Work to be completed: List, from the lines below, each one with "Gathering" in it.

Information supplied:
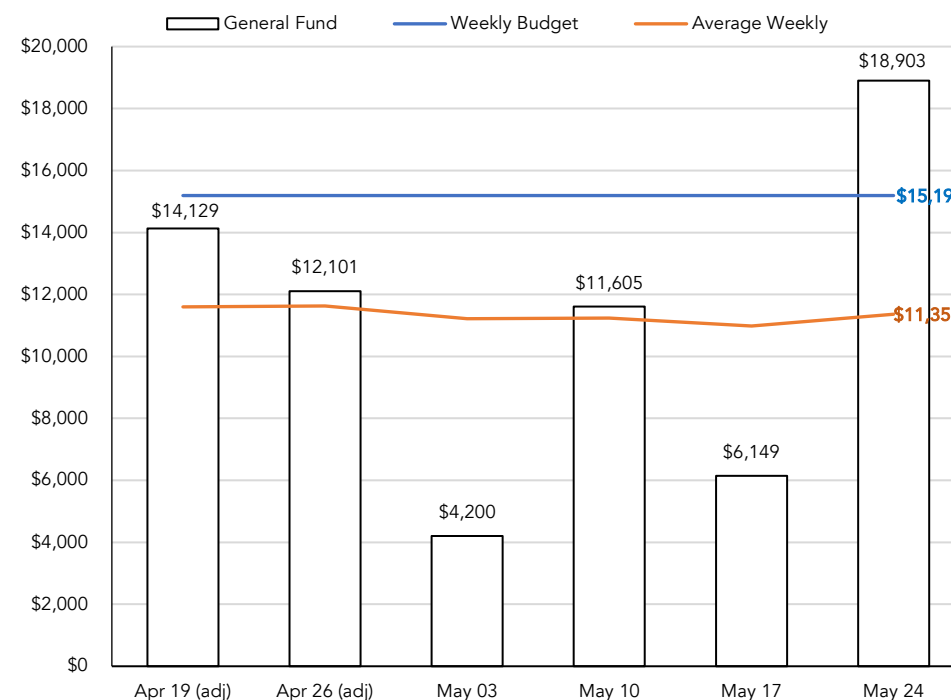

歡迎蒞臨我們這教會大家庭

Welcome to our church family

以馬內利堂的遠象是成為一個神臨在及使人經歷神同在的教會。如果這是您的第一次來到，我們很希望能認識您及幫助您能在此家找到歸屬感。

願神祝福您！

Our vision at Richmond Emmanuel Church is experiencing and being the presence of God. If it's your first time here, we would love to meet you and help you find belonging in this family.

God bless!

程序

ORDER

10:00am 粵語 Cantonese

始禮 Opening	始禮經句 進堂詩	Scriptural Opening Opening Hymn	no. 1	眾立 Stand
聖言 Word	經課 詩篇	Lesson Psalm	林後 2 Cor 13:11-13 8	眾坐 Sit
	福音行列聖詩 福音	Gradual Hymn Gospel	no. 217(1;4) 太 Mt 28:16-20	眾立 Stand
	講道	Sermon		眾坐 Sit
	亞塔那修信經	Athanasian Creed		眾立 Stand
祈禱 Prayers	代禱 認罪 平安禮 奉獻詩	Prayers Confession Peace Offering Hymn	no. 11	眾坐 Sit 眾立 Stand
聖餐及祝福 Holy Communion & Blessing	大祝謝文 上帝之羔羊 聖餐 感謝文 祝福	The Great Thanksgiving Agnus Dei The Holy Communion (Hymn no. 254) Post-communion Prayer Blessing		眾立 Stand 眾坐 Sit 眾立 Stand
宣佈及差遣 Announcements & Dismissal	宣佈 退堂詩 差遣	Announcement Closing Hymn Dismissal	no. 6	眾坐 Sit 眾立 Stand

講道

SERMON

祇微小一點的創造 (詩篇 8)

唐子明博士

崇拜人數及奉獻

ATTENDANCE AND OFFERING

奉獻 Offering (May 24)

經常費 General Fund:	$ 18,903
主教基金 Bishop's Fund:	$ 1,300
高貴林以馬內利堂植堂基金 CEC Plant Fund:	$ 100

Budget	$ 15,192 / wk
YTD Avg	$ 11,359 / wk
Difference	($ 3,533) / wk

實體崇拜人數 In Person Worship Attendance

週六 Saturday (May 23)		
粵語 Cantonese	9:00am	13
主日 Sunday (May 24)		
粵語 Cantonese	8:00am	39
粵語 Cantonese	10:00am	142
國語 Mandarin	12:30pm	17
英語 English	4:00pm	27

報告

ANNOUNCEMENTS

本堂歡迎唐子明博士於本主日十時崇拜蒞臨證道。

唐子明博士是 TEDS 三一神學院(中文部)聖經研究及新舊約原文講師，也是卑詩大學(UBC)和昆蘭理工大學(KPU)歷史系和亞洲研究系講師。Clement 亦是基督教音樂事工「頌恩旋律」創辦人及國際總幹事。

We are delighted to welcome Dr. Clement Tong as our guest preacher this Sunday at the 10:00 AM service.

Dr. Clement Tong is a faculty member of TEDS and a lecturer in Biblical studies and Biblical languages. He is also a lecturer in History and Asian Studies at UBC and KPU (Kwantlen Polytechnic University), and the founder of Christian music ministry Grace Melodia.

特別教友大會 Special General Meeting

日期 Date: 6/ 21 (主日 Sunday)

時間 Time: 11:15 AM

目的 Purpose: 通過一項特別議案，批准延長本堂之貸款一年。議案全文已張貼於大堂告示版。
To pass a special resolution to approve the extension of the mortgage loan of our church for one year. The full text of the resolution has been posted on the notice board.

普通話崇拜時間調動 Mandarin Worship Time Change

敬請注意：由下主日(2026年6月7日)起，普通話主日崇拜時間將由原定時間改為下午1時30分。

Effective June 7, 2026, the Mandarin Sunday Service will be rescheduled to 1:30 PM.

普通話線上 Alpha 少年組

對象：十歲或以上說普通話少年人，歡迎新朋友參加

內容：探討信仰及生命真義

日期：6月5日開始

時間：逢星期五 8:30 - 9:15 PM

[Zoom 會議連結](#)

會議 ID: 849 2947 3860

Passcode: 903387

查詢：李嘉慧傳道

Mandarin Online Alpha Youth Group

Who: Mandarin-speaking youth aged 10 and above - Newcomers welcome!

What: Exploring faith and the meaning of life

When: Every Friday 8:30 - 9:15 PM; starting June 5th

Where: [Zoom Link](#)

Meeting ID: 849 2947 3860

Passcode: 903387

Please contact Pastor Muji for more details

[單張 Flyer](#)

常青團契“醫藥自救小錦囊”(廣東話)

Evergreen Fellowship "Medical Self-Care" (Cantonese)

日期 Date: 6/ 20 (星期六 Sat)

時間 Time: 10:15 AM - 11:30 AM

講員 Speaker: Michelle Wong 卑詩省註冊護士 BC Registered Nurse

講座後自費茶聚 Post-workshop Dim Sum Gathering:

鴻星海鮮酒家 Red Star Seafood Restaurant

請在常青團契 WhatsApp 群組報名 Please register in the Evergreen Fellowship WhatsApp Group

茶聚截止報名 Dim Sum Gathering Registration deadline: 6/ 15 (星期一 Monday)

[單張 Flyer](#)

The completed task:
講座後自費茶聚 Post-workshop Dim Sum Gathering:
茶聚截止報名 Dim Sum Gathering Registration deadline: 6/ 15 (星期一 Monday)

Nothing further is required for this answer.